• Material shown:
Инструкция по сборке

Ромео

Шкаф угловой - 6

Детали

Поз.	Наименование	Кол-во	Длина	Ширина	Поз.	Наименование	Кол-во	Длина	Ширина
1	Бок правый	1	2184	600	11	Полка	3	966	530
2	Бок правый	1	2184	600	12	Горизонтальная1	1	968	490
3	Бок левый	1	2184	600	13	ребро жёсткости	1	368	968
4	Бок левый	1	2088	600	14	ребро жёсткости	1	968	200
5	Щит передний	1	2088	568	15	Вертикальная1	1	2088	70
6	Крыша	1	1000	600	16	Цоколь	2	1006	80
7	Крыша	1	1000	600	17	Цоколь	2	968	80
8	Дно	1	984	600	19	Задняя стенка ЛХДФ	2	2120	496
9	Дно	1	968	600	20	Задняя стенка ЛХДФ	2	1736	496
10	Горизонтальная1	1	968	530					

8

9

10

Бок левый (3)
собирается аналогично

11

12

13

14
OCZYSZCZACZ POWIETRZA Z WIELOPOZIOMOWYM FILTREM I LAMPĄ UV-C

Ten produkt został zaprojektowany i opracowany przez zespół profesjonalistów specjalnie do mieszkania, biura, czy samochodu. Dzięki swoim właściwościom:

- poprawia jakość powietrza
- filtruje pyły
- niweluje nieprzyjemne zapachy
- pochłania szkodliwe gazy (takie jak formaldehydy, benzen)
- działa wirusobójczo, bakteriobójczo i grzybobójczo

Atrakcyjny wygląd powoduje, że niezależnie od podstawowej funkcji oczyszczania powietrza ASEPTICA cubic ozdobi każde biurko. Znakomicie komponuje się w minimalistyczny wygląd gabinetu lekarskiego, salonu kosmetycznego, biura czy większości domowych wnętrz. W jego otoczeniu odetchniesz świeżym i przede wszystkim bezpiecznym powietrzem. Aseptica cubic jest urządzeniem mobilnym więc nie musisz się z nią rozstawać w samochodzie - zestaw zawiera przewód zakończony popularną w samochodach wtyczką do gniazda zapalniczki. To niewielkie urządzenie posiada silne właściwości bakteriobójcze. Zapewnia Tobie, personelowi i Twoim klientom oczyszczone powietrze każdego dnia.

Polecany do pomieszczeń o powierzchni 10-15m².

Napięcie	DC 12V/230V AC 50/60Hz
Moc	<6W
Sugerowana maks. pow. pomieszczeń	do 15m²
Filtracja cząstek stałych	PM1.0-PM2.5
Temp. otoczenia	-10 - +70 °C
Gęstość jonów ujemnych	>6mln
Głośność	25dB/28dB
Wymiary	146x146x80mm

• Action item: Give back exactly the lines of the listing above, starting with its first line and ending with the line that holds "OCZYSZCZACZ POWIETRZA Z".

• Task result:
Инструкция по сборке

Ромео

Шкаф угловой - 6

Детали

Поз.	Наименование	Кол-во	Длина	Ширина	Поз.	Наименование	Кол-во	Длина	Ширина
1	Бок правый	1	2184	600	11	Полка	3	966	530
2	Бок правый	1	2184	600	12	Горизонтальная1	1	968	490
3	Бок левый	1	2184	600	13	ребро жёсткости	1	368	968
4	Бок левый	1	2088	600	14	ребро жёсткости	1	968	200
5	Щит передний	1	2088	568	15	Вертикальная1	1	2088	70
6	Крыша	1	1000	600	16	Цоколь	2	1006	80
7	Крыша	1	1000	600	17	Цоколь	2	968	80
8	Дно	1	984	600	19	Задняя стенка ЛХДФ	2	2120	496
9	Дно	1	968	600	20	Задняя стенка ЛХДФ	2	1736	496
10	Горизонтальная1	1	968	530					

8

9

10

Бок левый (3)
собирается аналогично

11

12

13

14
OCZYSZCZACZ POWIETRZA Z WIELOPOZIOMOWYM FILTREM I LAMPĄ UV-C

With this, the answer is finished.